# <div style="text-align:center"> DS7333 - Case Study 6 | SPAM</div>
### <div style="text-align:center">Andy Ho, An Nguyen, Jodi Pafford</div>
<div style="text-align:center">June 17, 2019</div>

# 1 Introduction

This case study will answer Question 20 in Chapter 3 of "Data Science in R: A Case Studies Approach to Computational Reasoning and Problem Solving" (Nolan and Lang). 

>Question 20 is: "In the section called “Classifying New Messages” we used the test set that we had put aside to both select , the threshold for the log odds, and to evaluate the Type I and II errors incurred when we use this threshold. Ideally, we choose from another set of messages that is both independent of our training data and our test data.

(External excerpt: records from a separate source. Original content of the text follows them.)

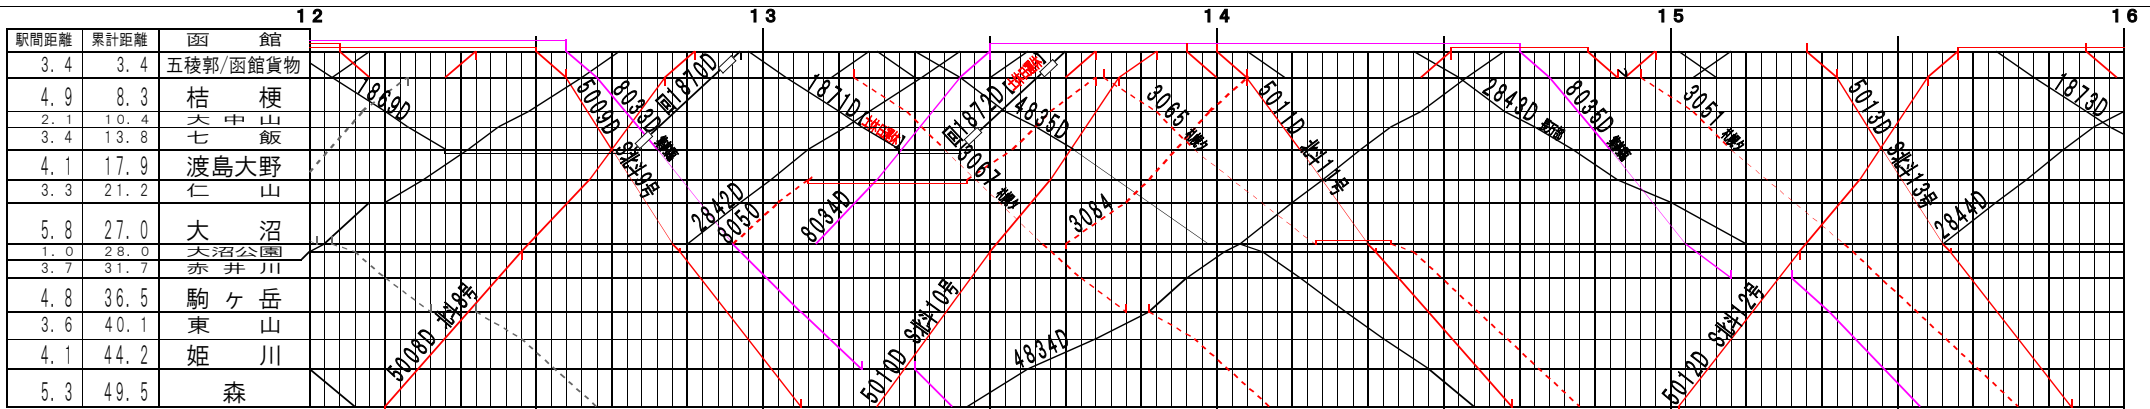

②【函館本線】函館～森、大沼～森(1)
© 2004-2013 SFL All rights reserved.

②【函館本線】函館～森、大沼～森(2)
© 2004-2013 SFL All rights reserved.

②基本【函館本線】函館～森、大沼～森(3)

© 2004-2013 SFL All rights reserved.

②基本【函館本線】函館～森、大沼～森(4)

© 2004-2013 SFL All rights reserved.

The method of cross-validation is designed to use the training set for training and validating the model. Implement 5-fold cross-validation to choose and assess the error rate with our training data. To do this, follow the steps: 
    <br> 
    <br> A.) Use the sample() function to permute the indices of the training set, and organize these permuted indices into 5 equal-size sets, called folds. 
    <br> 
    <br> B.) For each fold, take the corresponding subset from the training data to use as a 'test' set. Use the remaining messages in the training data as the training set. Apply the functions developed in the section called “Implementing the Naïve Bayes Classifier” to estimate the probabilities that a word occurs in a message given it is spam or ham, and use these probabilities to compute the log likelihood ratio for the messages in the training set.
    <br> 
    <br> C.) Pool all of the LLR values from the messages in all of the folds, i.e., from all of the training data, and use these values and the typeIErrorRate() function to select a threshold that achieves a 1% Type I error.
    <br> 
    <br> D.) Apply this threshold to our original/real test set and find its Type I and Type II errors."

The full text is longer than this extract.